Historic church in Massachusetts, United States

Pilgrim Memorial Church and Parish House is an historic church and parsonage at 249 Wahconah Street in Pittsfield, Massachusetts. The church was designed by H. Neill Wilson, and was completed in 1897. It is a good local example of Gothic and Romanesque architecture, and was the first church built to serve the mill workers in the city's north end. The property was listed on the National Register of Historic Places in 2005. The present church congregation is Presbyterian.

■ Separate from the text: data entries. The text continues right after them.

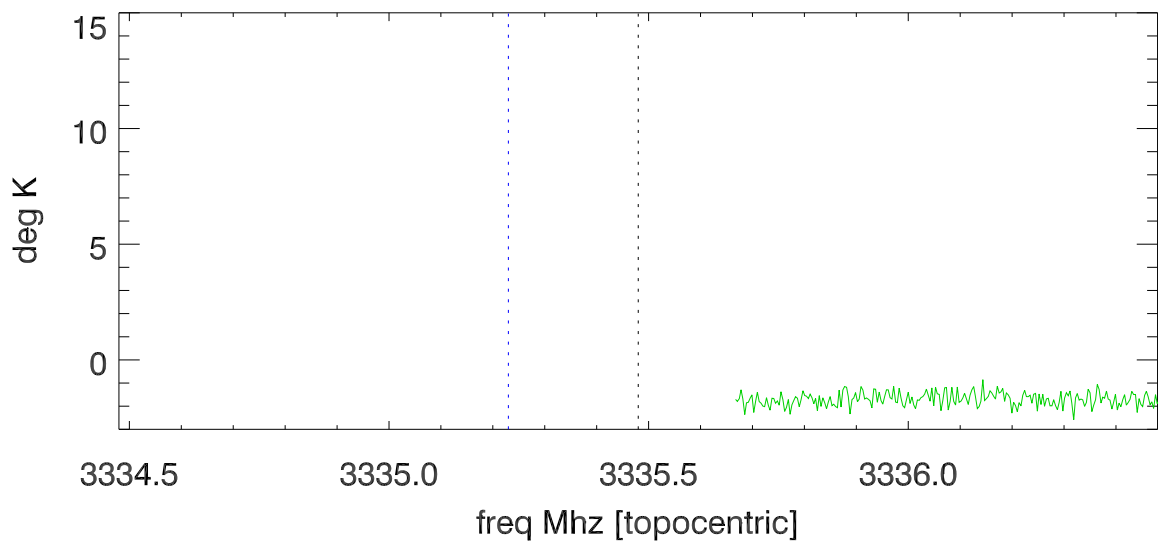

02jun10 a2463 SBH CH lines: 3263.79 Mhz

3335.48 Mhz

3349.19 Mhz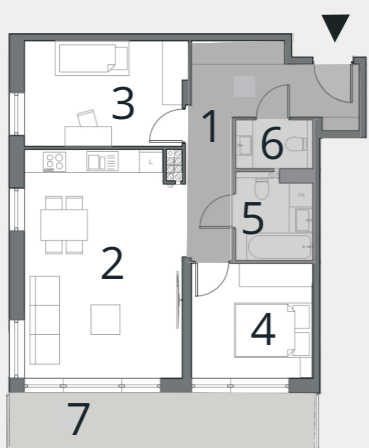

## BUDYNEK C

APARTAMENT NR

63,10 m<sup>2</sup>

III PIĘTRO

# 23

1 hol	11,92 m <sup>2</sup>
2 salon+kuchnia	23,35 m <sup>2</sup>
3 pokój	11,03 m <sup>2</sup>
4 pokój	10,25 m <sup>2</sup>
5 łazienka	4,15 m <sup>2</sup>
6 wc	2,40 m <sup>2</sup>
7 taras	11,20 m <sup>2</sup>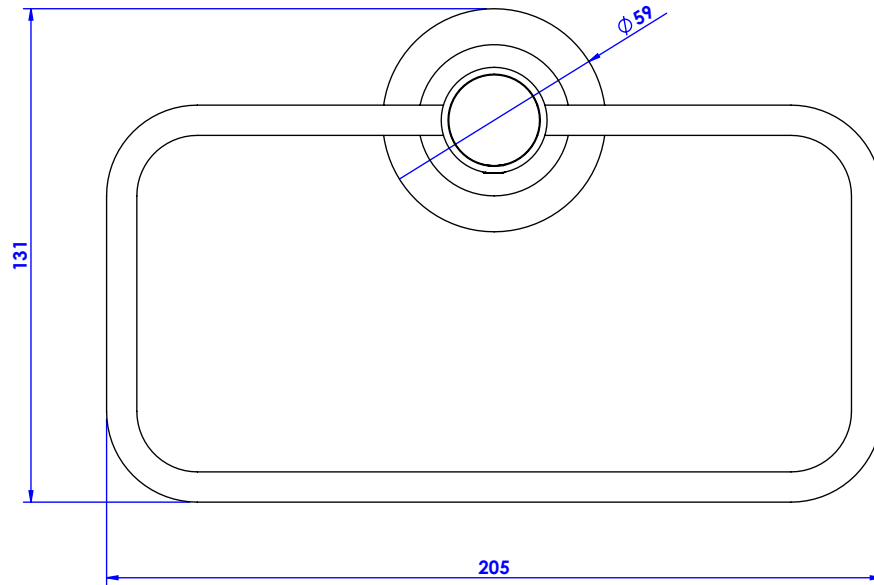

Collection : Alizé à manettes
Porte serviette rectangle, mural / Wall mounted towel rectangular.

Ref : C21-511

CRISTAL&BRONZE
PARIS · 1937

16/07/2019-1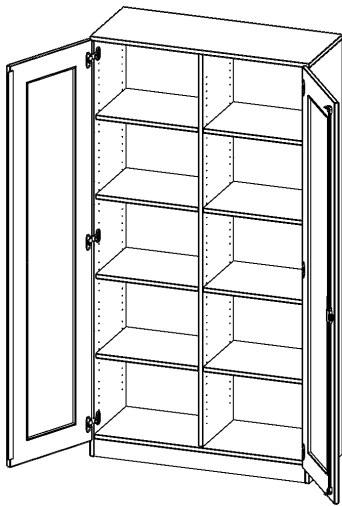

SCHRANK MIT VERGLASTEN TÜREN, 5 ORDNERHÖHEN - SERIE EVO180

TÜREN MIT GLASEINSATZ, VOLLAUSSCHNITT, ABSCHLIESSBAR, MIT MITTELWAND, MIT SOCKEL (81 MM), B/H/T: 100X190X40 CM

PRODUKTBESCHREIBUNG

Die evo180 Schränke mit Glaseinsatz in den Türen in verschiedenen Höhen und Breiten sind ein Kernstück unseres evo180 Schrankwandprogrammes. Die Rückwand ist als Sichtrückwand ausgeführt, dementsprechend eignen sich alle evo180 Einzelschränke oder Schrankwände auch als Raumteiler.

Die Türen öffnen 270°, sind abschließbar und mit einem Glasausschnitt versehen. Die Glaseinlage besteht aus Sicherheitsgründen aus Acrylglas, ist von innen eingesetzt und auf der Tür von innen verschraubt. So sehen Sie schnell, was im Schrank untergebracht ist. Besonders praktisch für Sammlungen.

Alle Schränke werden aus melaminharzbeschichteter E1 Feinspanplatte gefertigt, die FSC zertifiziert und formaldehydfrei sind. Als Kanten verwenden wir besonders robuste 2 mm starke ABS Kanten, die unter hoher Temperatur fest verleimt werden. Bitte wählen Sie Ihr Wunschdekor aus unserer Dekorpalette aus. Die Einlegeböden sind im Raster von 32 mm verstellbar. Unsere hochwertigen Bodenträger verfügen über einen "Ausziehstop", so wird verhindert, dass Böden mit Inhalt darauf aus dem Regal oder Schrank rutschen können. Die Türen lassen sich dank 270° öffnender Scharniere an den Korpus anlegen.

Konfigurieren Sie Ihren Wunsch Aufsatzschrank indem Sie bei den angebotenen Varianten Ihre Auswahl treffen.

EIGENSCHAFTEN

- 5 Ordnerhöhen, mit Mittelwand
- Türen mit Glaseinsatz (Vollausschnitt), abschließbar
- Sichtrückwand
- Höhe 190 cm
- mit Sockel
- Glaseinsatz aus Acrylglas

==Architecture and history==
Pilgrim Memorial Church stands in a mixed-use area north of downtown Pittsfield, on the west side of Wahconah Street south of its junction with Pecks Road and Pontoosuc Avenue. It is a modestly scaled stone structure, built out of local fieldstone and covered by a steeply pitched gable roof. The gable ends are slightly parapeted, and there are projecting gable sections at the northern end. The east-facing projection houses the main entrance, and has projecting stone buttresses. The south-facing sanctuary facade has three tall Gothic windows, the center one rising into the gable.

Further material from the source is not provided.